The most important thing is the deficit of course. 
Jc on a 500 cal deficit, you will be looking at slow weight loss. If you are over 16% bf, then upping the deficit to abput 800 shouldn't be much of a problem. I'd put you at somewhere between 18-24% bf jc judging by your pics, which isn't bad considering you look to be naturally very muscular. Most footballers are around 10% bf, to gove you a referecne point. Being able to maintain below 6% bf for more than a few days without feeling like absolute crap, is near impossible for 99.99% of people.
500 cals for half an hour on a gravity walker seems a bit hopeful, 300-400 seems a more realistic estimate.

Remember just eating healthily isn't gonna get you losing weight. Jc don't deprive yourself of some real meat, like lean steak, a pound of lean steak only contains about 500cals. Of course too much red meat isn't a good idea, but on a diet you want to be eating food that makes you feel full.


----------



## Guest (Feb 20, 2006)

Axel19 said:


> Depends what your goals are mrmole.
> Stick to apples and oranges, not too much fructose in those. Don't eat more than one or two pieces a day. Vegges are much better all round on a diet. Have a chicken and lettuce sandwich or something, making sure you get lots of protein. Ditch the snakc a jacks, and have an aple afterwards. That will put you on about 500cals which is roughyl where you want to be if you are having 3-4 meals a day, and trying to lose weight.

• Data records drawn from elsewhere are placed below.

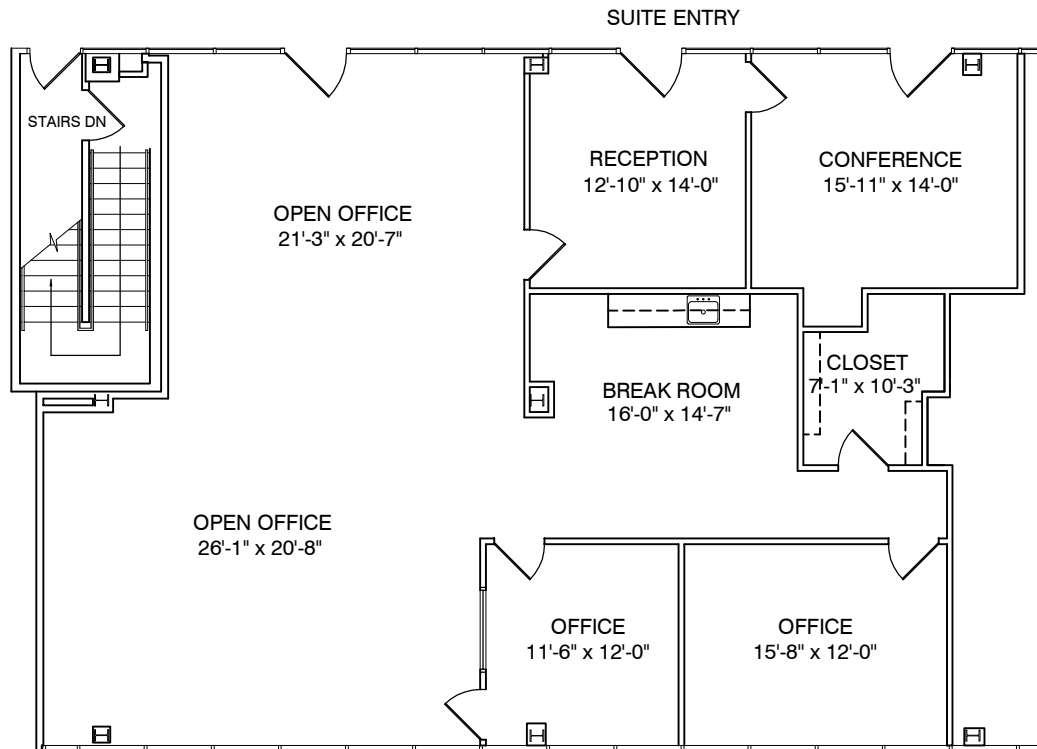

SUITE # 110

2,392 RENTABLE SQ. FT.

AIRPORT CENTER

120 NORTH 44TH STREET
PHOENIX, ARIZONA 85034

NORTH

ALL DIMENSIONS ARE APPROXIMATE
UPDATED: 09-24-18

Just toneing up at the moment, trying to shift the last few bits of flab I haven't managed to get rid of :lol:

Also trying to build some muscle but I know it's hard to do both at the same time.


----------



## g-funk (Aug 20, 2004)

i need some advice too, please, DR Axel!

I go to the gym 3 times a week, since beginning of new year, and want to basically look trimmer. Not too keen on developing muscle - I used to be a gymnast and am quite muscular and would like to be less so, you know, more feminine etc. So, anyway, I've put on weight since going to the gym.

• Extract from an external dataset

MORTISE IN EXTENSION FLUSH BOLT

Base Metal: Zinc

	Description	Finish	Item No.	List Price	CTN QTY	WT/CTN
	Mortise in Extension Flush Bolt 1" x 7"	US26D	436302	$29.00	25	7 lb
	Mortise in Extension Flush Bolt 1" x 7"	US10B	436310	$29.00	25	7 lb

I'm guessing it must be muscle since I'm not really achieving the whole calorie deficit thing. I go on the cross trainer for 20 minutes (325 calories) then the treadmill for 30 minutes (15 minutes at the low intensity fat burning rate, then run for 15 at the cardio rate) this burns about 350 calories. Then do sit-ups, stretches etc.

So, what I want to know is, is it too soon to see any difference? Is this kind of exercise going to make me develop muscle? And my HR after running for 16 minutes the other day was nearly 180. Am I doing myself harm?

Thanking you in advance Dr :wink:


----------



## Axel19 (Aug 11, 2004)

Well one important thing to remember guys is that a lot of where your muscle and fat is distributed is determined by your genetics. Some people will develop a bigger chest others bigger arms from doing the same exercise. Women will put on most of their weight around their bums and thighs, men around there midsection.

Mrmole, there is in fact no such thing as 'toning'. A muscle is a muscle, it can get bigger or it can get smaller, but there is no such thing as a toned muscle and an untoned muscle. Making oneself leaner will make someone appear toned, but that is dependant on bf%. Also doing weights will give you a temporary pump (muscles become hydrated), which some people confuse with toning.

You're right it is hard to do both at the same time mrmole, only begginers can burn fat and gain muscle at the same time. As far as weight training is concerned, it's more straightforward than one thinks, and one only needs to do about 6 or 7 different exercise to work their entire body.

G-funk, everyone gains muscle when they are just starting exercise of any kind. As mentioned before, you may be a naturally quite muscular person. Personally I quite like a woman to be shapely in an athletic looking way, like a gymnast. However if you want a different look, and want to look slimmer overall, then try avoiding any exercise more intense than walking. Focus on getting a calorie deficit in the way I described above. Your exercise can come from walking alone. If you do more intense exercise then your body will want to hang on to the muscle more as you lose weight. 
Don't worry too much about heart rate etc, you will know if you are pushing yourself during cardio, it should be hard, and you should feel tired by the end of it, but you shouldn't be collapsing or thrwoing up.
However I can't imagine that the muscles are causing you to look big or anything, I'd say that if you stuck with the cardio work you are doing and maintained a similar diet to the one I described above then in 6-12 months you should have reached your goals. Just remember that diet is the most important factor. A lot of people get worried when they start out doing exercise that they will get too big. The amount of work that is required to gain serious muscle is beyond most people's level of interest.
With a good, managable diet you should be losing abotu 3lbs in the first few weeks, then 0.5lbs from then on.


----------



## g-funk (Aug 20, 2004)

Thanks Axel, that was very helpful. I think my diet is the main problem. I am wary to go on any strict diet, having had a few issues with those in the past, tending to be obsessive etc. Moderation is the key I guess. Thanks for the advice!


----------



## peacedove (Aug 15, 2004)

Axel19 said:


> Women will put on most of their weight around their bums and thighs, men around there midsection.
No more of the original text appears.